Oh, sounds great! I do think lazy initialization will be really valuable to reduce the number of unmodeled values, but not entirely sure if we can completely eliminate them. In case we end up creating new locations (different from the earlier ones) in every iteration of the loop it might be harder to reach a fixed point.

This change looks good to me. I wonder, however, whether the behavior should be parameterized in the future. E.g., whether the user of the analysis should be able to make a decision whether the analysis should be pessimistic or optimistic about unmodeled values.

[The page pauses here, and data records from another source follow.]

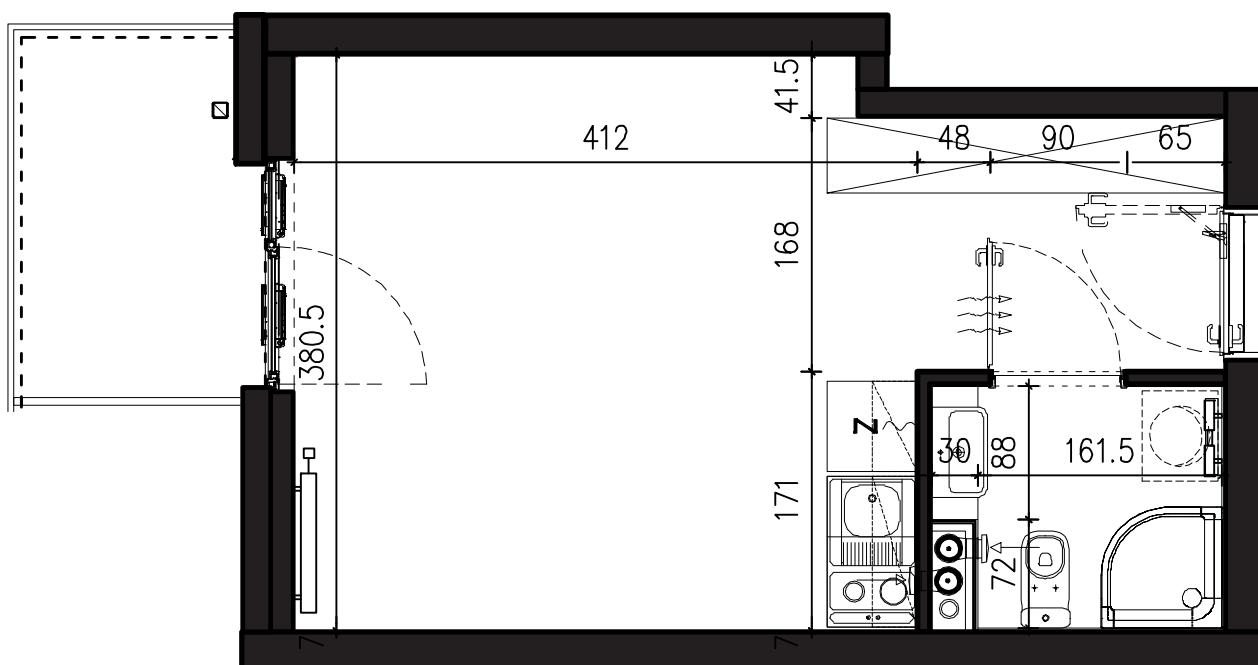

POWIERZCHNIA APARTAMENTU

21,77 M2

SKALA 1:50

PROJEKTANT

**RYZYŃSKI**  
ARCHITECTS

GENERALNY WYKONAWCA

Podane na karcie wymiary oraz powierzchnie pomieszczeń mają charakter projektowy i mogą nieznacznie różnić się od wymiarów i powierzchni w wybudowanym budynku. Umeblowanie oraz zagospodarowanie terenu jest tylko wizualizacją i nie stanowi oferty handlowej. Ma jedynie charakter poglądowy, przybliżający wielkość apartamentu.
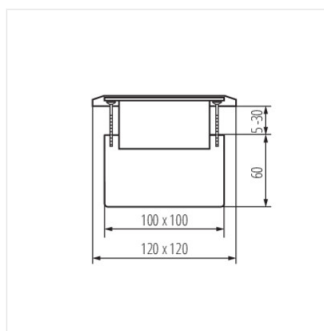

BIURO+

Podlahová krabička

BIURO+ 04-0031-100

Interesting idea. I think this goes along with other places where we are unsound. Here, we err on the side of soundness. but, in general, we should have a configuration mechanism for this. FWIW, the only reason we have uninitialized values at this point is recursive types. We also limit the depth of structs, but that should be removed given my recent patch to only model relevant fields. I have an idea for lazy initialization of values that I think could solve the recursion issue. Together, we could remove this concept of unmodeled values altogether from the framework.

Oh, sounds great! I do think lazy initialization will be really valuable to reduce the number of unmodeled values, but not entirely sure if we can completely eliminate them. In case we end up creating new locations (different from the earlier ones) in every iteration of the loop it might be harder to reach a fixed point.

True, and in some sense TopBoolValue is already that. If we extended Top to other value domains (like struct) the code would end up looking very similar, just spelled "top" instead of "nullptr". I'd prefer Top over nullptr, but it admittedly wouldn't change things in a fundamental way.